On 21 October 2018, the Big Data United Nations Global Working Group) held an Open Day in Dubai UAE. The purpose was to demonstrate the UN Global Platform on Big Data for Official Statistics with presentations and demos. The Big Data UN Global Platform is a collaborative research and development environment for trusted data, services and applications. The platform is already in use for several projects between technology companies, data providers and academia.

The event hosted at Burj Khalifa featured an introduction to UN Global Platform on Big Data and after that four sessions about its uses in practice. First, satellite data for agricultural and land cover statistics were discussed. These data include flight data, ship location and position data and satellite imagery. The latter can be used to analyse for instance the state of crops, water or deforestation. A lot of these data are freely available, but due to their volume (flight data often constitutes 3 million records per second), computation can be expensive.

The next session focused on the measurement of human mobility using mobile phone data. These data are currently being used to analyse domestic and cross-border tourism in areas with open borders much more efficiently than can often be done by traditional means. A practical study of mobility in Indonesia was introduced and it was easy to understand how mobile data have been useful in providing more accurate information than has otherwise been available. However, it was also noted that an even more accurate picture of human mobility can be obtained, if data from social media and advertisment platforms are used in addition to mobile data.

Next, scanner data were introduced. Scanner data are data about sales of consumer goods obtained by scanning the bar codes of individual products in shops. These data can be used to analyse price fluctuations of certain products in a country. A demonstrator was presented, which computed the FEWS index on scanner data. The FEWS index is a quality-adjusted price index that can be used on big data when there is no infromation on product characteristics for explicit quality adjustment. Instead, the existing longitudinal information is used to implicitly adjust the quality of indices.

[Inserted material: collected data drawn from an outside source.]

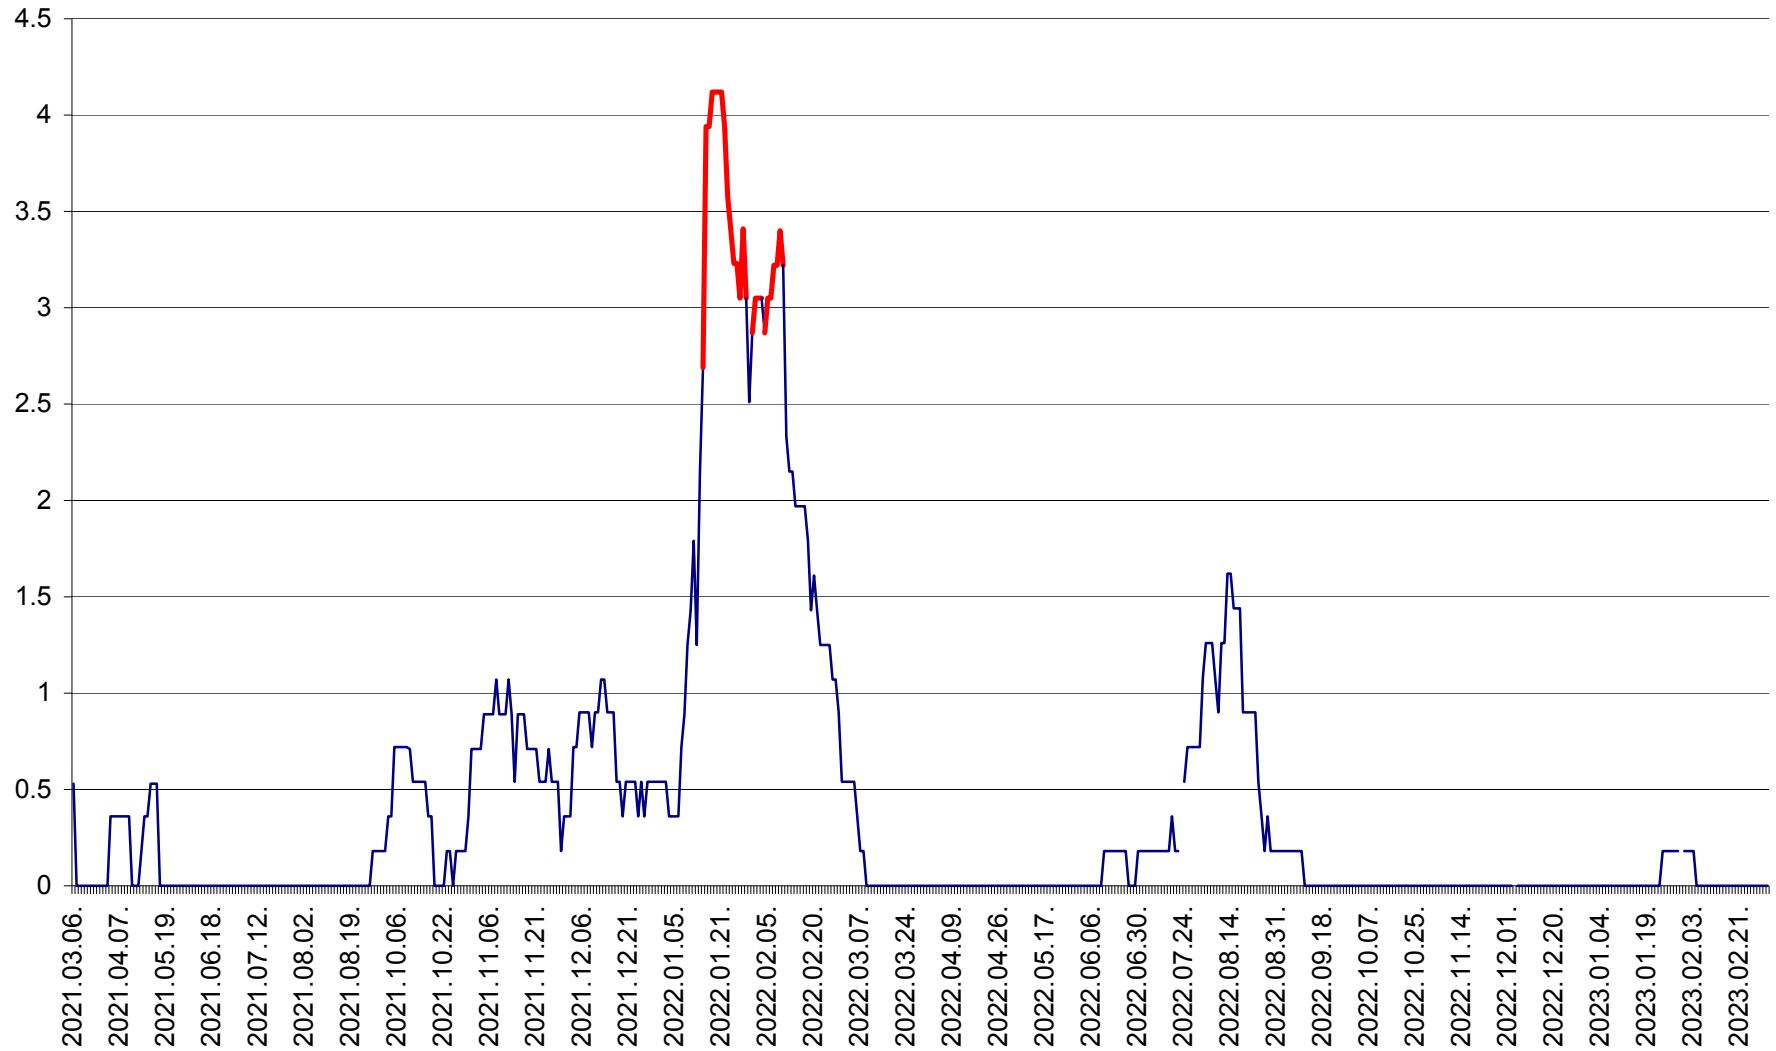

FELICENI - Evolutia incidentei cumulate pe 14 zile la ‰ de locuitori
2021.03.07. - 2023.03.08.

FRUMOASA - Evolutia incidentei cumulate pe 14 zile la ‰ de locuitori
2021.03.07. - 2023.03.08.

GĂLĂUȚAȘ - Evoluția incidenței cumulate pe 14 zile la ‰ de locuitori
2021.03.07. - 2023.03.08.

MUNICIPIUL GHEORGHENI - Evolutia incidentei cumulate pe 14 zile la ‰ de locuitori
2021.03.07. - 2023.03.08.

JOSENI - Evolutia incidentei cumulate pe 14 zile la ‰ de locuitori
2021.03.07. - 2023.03.08.

LĂZAREA - Evolutia incidentei cumulate pe 14 zile la % de locuitori
2021.03.07. - 2023.03.08.

LELICENI - Evolutia incidentei cumulate pe 14 zile la ‰ de locuitori
2021.03.07. - 2023.03.08.

LUETA - Evolutia incidentei cumulate pe 14 zile la ‰ de locuitori
2021.03.07. - 2023.03.08.

LUNCA DE JOS - Evolutia incidentei cumulate pe 14 zile la ‰ de locuitori
2021.03.07. - 2023.03.08.
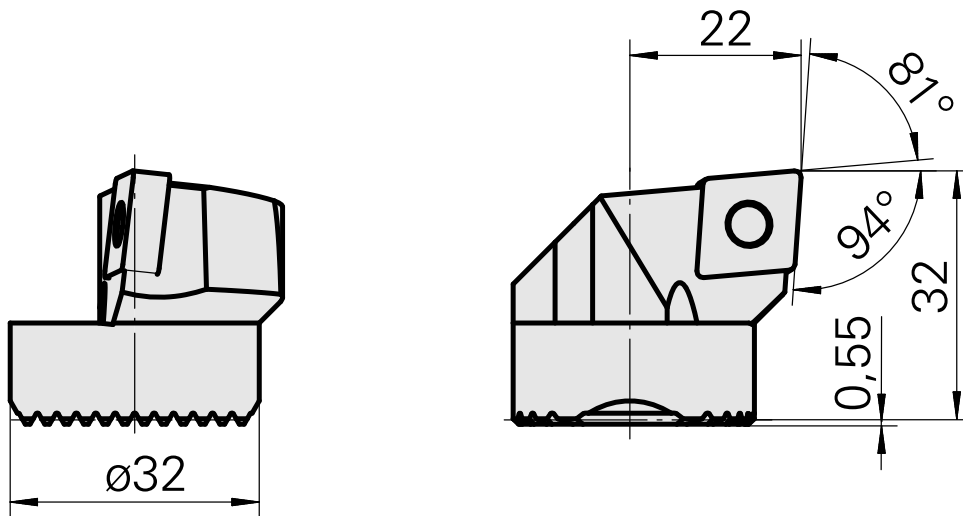

Tête d'alésage pour CN.. 1204..

Données techniques

Attachement	pour CN.. 1204..
Arrosage	central
Pression	50 bar
X [mm]	32
Z [mm]	22
Produits INDEX TRAUB	G220.3 • R200 • TNX65/42 • TNX220.3

Documents

Aucun téléchargement n'est disponible pour ce produit
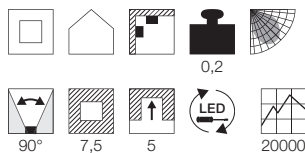

Produktangaben

200-240V ~50/60Hz sek. 350mA
Systemleistung: 9,4W
Material: Aluminium/Acrylglas
L: 9 cm B: 9 cm H: 4 cm

Hinweis

Materialstärke Einbaulfläche: 20 mm
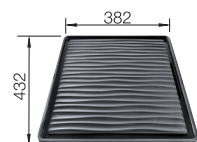

VOLITELNÉ PRÍSLUŠENSTVO

Odkvapkávač

230734

294

BLANCO
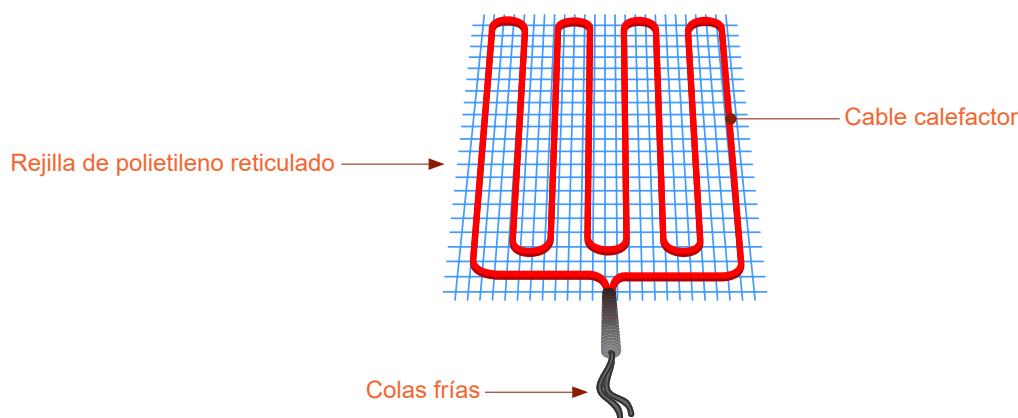

Base calefactora modelo BS

Modelo	Características	Medidas	Potencia (W)	Tensión (V)
BS1000500150	Base calefactora rejilla polietileno	1.000 x 500 mm	150 W	230 V
BS800500150	Base calefactora rejilla polietileno	800 x 500 mm	150 W	230 V
BS1200400150	Base calefactora rejilla polietileno	1.200 x 400 mm	150 W	230 V
BS1300500300	Base calefactora rejilla polietileno	1.300 x 500 mm	150 W	230 V

Fabricación especial según demanda

Las bases calefactoras **ECAS**, pueden ser fabricadas con potencia y medidas distintas a los modelos estándar, ajustándose a las necesidades de cada caso.
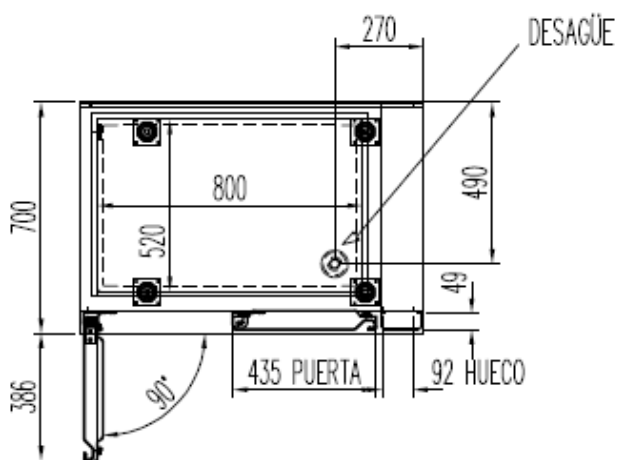

SCHEMAS TECHNIQUES

MRGPV / MCGPV-120
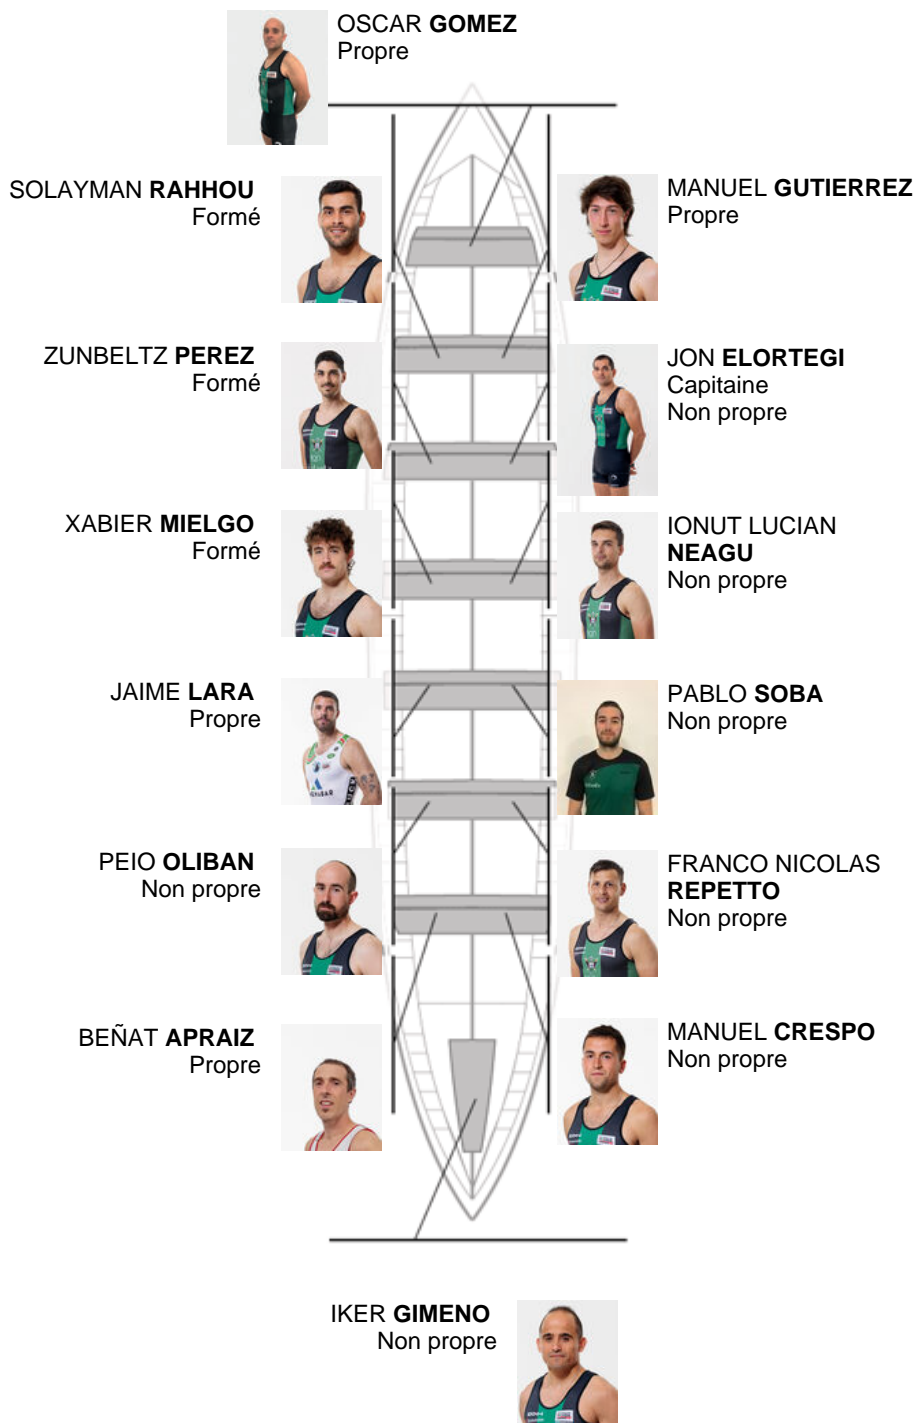

	Club	Temp	Dif	%	Points
12	KAIKU BEREZ GALANTA	21:31,20	01:19.06	106.52%	1

Coach
JOSE LUIS
KORTA

Délégué
IÑAKI
MENDIKOTE

Firma y sello

Supleánts

Rembour
IÑAKI BILBAO

Non propre

Formé:3
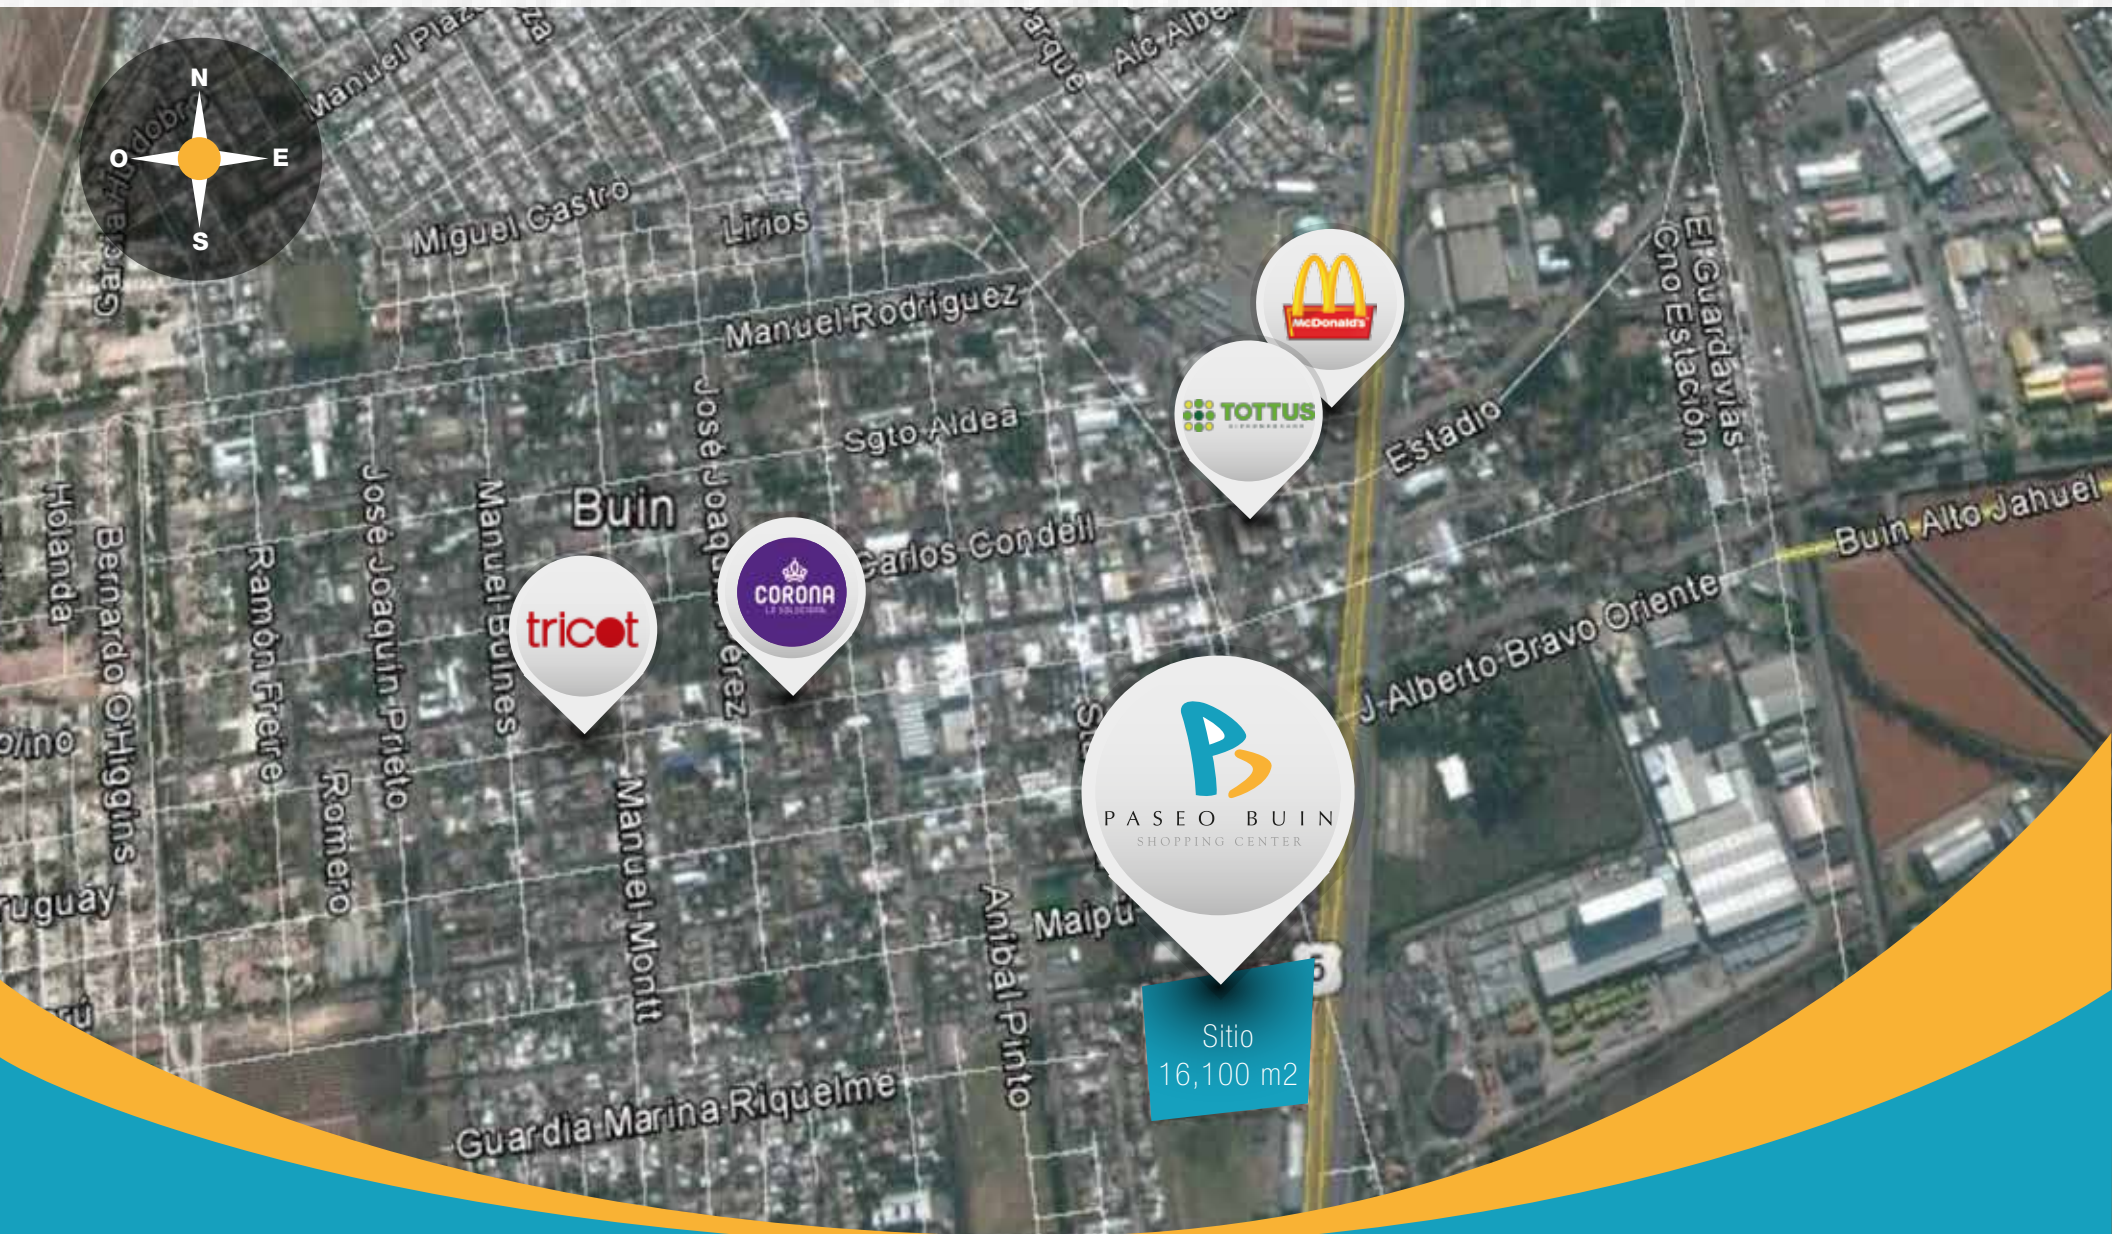

P A S E O B U I N

SHOPPING CENTER

PROYECTO ETAPA 1

PASEO BUIN
SHOPPING CENTER

PROYECTO
ETAPA 1

PASEO BUIN
SHOPPING CENTER

UBICACIÓN

PASEO BUIN
SHOPPING CENTER

Sitio
16,100 m2

MASTERPLAN

PASEO BUIN
SHOPPING CENTER

PASEO BUIN
SHOPPING CENTER

PASEO BUIN
SHOPPING CENTER

PROYECTO

PASEO BUIN
SHOPPING CENTER

- Terreno: 16,100 m²
- Supermercados LIDER: 2,400 m²
- Locales Comerciales: 5,727 m²
- Estacionamientos: 158

Finally, in the privacy-preserving techniques session, Cybernetica's team introduced secure multi-party computation and its uses for privacy-preserving data analysis. Our team presented prototypes showcasing privacy-preserving mobility studies (our partnership with Positium) and a privacy-preserving version of the FEWS index.

How does the FEWS index work?

As mentioned, the FEWS (fixed-effects window-splice) index outputs quality-adjusted price indices for scanner data, when these data include longitudinal price information at a detailed product-specification level. As data are often not complete and some products are only seasonal and do not have all necessary data points in the longitudinal information, steps have to be taken to account for these missing values.

Usually, hedonic regression is used to control the effect of changes in product quality. Hedonic theory assigns the item a set of constituent characteristics, and, using regression, computes the importance of each characteristic. The simplest way to construct a hedonic price index using only info from the hedonic regression is the time dummy variable method. This method assumes the coefficients (prices) to be constant over adjacent time periods.

The FEWS index makes its quality adjustment in a way that is equivalent to a time dummy hedonic index. However, window-splicing takes into account the price movement across the entire estimation window, rather than the most recent period. This helps the method to account for the price movements associated with the introduction of new products also in the period after their introduction. The FEWS index is more challenging to use in areas where product characteristics or consumer preferences change rapidly, e.g., with seasonal variation or technological development. You can read more about the FEWS index in the paper.

Privacy-preserving scanner data analysis using the FEWS index

Scanner data are sensitive data as large companies are reluctant to share their pricing strategies and price fluctuations with their competitors. Therefore, we were interested in whether this problem can be feasibly solved using secure multi-party computation. Our team implemented the FEWS index using the SecreC programming language and deployed the result in the cloud.

We used three different cloud providers as hosts for the three computing parties: Amazon Web Services, Google Cloud Platform and IBM Cloud. All of the cloud servers were in the Frankfurt region with a two millisecond latency for communication between the nodes. The test data were secret shared and uploaded to the computing parties.

As with all secure multi-party algorithms, the FEWS algorithm also benefits from parallelisation in terms of performance. Therefore, we ran the algorithm on two parallel Sharemind instances, i.e., each server hosted two instances of Sharemind, the linear regressions were run in parallel and the result was combined afterwards. We first ran the experiment for 230 products for 26 months (3843 rows of data), and then we doubled the data to run the experiment on 460 products for 26 months (7654 rows of data). The corresponding benchmark results can be seen in Table 1.

Data profile No. of rows No. of Sharemind instances Time spent Cloud cost (bandwidth)
230 products for 26 months 3843 2 (11 parallel regressions) 8m 57s $31.50
230 products for 26 months 3843 4 (~5 parallel regressions) 7m 32s $31.50
460 products for 26 months 7654 4 (~5 parallel regressions) 22m 24s $165

 

The original algorithm code and test data we recieved from Stats NZ. The hosting costs of the Amazon Web Services and Google Cloud Platform were graciously covered by the Big Data United Nations Global Working Group. The privacy-preserving FEWS index will be available as part of the UN Big Data Global Platform.